6. The Grind Date (2004)

This album was supposed to be the final trilogy for the Art Official Intelligence (AOI), but due to the album’s change of focus, the group decided to release The Grind Date as a stand-alone album. The album featured guest appearances from artists such as Ghostface, Common, Sean Paul and MC Spike Lee. The album received positive reviews from critics and was worthy of being considered among the best hip hop albums of 2004. The album contains catchy beats that complement the lyrics in a great way. The album was produced by a team of talented producers with two unique collaborations with J. Dilla. The album peaked at position 87 on the US Billboard 200.
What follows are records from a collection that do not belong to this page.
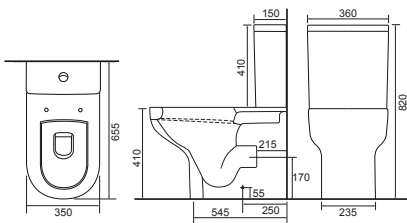

Close Coupled WC Sets

All Calypso WC's include a high quality seat with lift-off functionality, soft-close operation, and secure top-fix fittings as standard.

Charlotte

Charlotte CC Pan & Cistern with Temora Seat. Supplied with Chrome hinges, see more Type 1 hinges on **page 293**. **36.9111.01** £910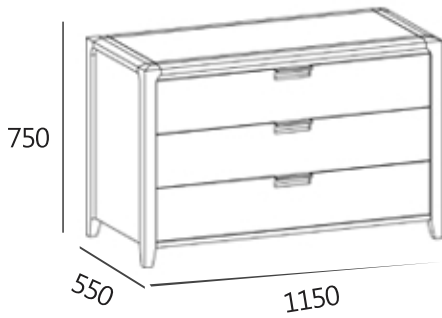

#### SPECIFICATIONS

Item dimension · W1150xD550xH750

Pack · 1box

Wood · European Beech Solid Wood

Color · Natural

Assembled

---

5. And the Anonymous Nobody… (2016)

When De La Soul announced that they would release another album after a long hiatus, fans were obviously excited to see a comeback of one of hip hop’s most creative groups. In a genre that is arguably driven by young rappers, it’s difficult for seasoned rappers to be churning out hits consistently, but De La Soul proved that they are standard-bearers of modern rap, and they were ageing well. The album received favourable reviews from critics, with Exclaim! Calling it one of the most thrilling album releases of the year. The album featured guest artists such as 2 Chainz, Pete Rock, Snoop Dogg and many more. The track “Pain” sees the group team up with Snoop Dogg in an optimistic anthem that has a great hook and a sly groove. The album debuted at number 12 on the US Billboard 200 and was nominated for the 59th Grammy Awards for Best Rap Album.

4. Stakes Is High (1996)

In terms of subject matter and production, Stakes is High is considered the darkest De La Soul album of all time. Although it received favourable critical reviews, it wasn’t a commercial success. The album saw the group change their sound and style and was their first album that wasn’t produced by Prince Paul since they felt his production didn’t match the album’s mood. The album’s main themes were hip hop commercialisation and gangsta rap criticism. This would lead to conflict with Tupac, who retaliated with the song “Against All Odds”, which is contained in his posthumous album, The Don Killuminati: The 7 Day Theory. The album is also notable for making Mos Def a household name in the rap game.

3. Buhloone Mindstate (1993)

Judging by the lyrics, De La Soul were not in a perfect place when they released this album. With the group being increasingly troubled about their situation with Tommy Boy, and the fact that the Native Tongues was on the verge of collapse, Buhloone Mindstate was not a happy album. Compared to their previous albums, this album was quite short, although it seemed to have more purpose. In a list published by Rolling Stone in 2005, Chris Rock named it the 10th greatest hip hop album of all time.

2. 3 Feet High and Rising (1989)

Coming in at number two in our ranking of all De La Soul albums is their debut album, 3 Feet High and Rising, which is widely acknowledged as a classic. At the time of its release, the album was like no other, with the group showing that it was okay to be different in hip hop. What is most impressive about this album is its production which was done by Prince Paul. The album’s title was inspired by one of Johnny Cash’s early songs, while most samples used in the album were from relatively unknown music from the likes of Steely Dan and Liberace. In a review of the album by Q-Magazine, Macy Gray described the album as one of the best in the last 15 years and compared De La Soul to The Beatles.

1. De La Soul is Dead (1991)

Very few artists can claim masterpiece status for their first two albums, and De La Soul are one of those. De La Soul is Dead is the group’s second studio album and one of the first albums to receive a perfect rating by The Source. Although many people cite 3 Feet High and Rising as their best album, I have always considered this album to be their greatest. The album mainly talked about issues such as mortality, rape and the pressure that comes from previous success. The album peaked at number 26 on the US Billboard 200 and ranked #228 on Rolling Stones’ list of 500 Greatest Albums of All Time.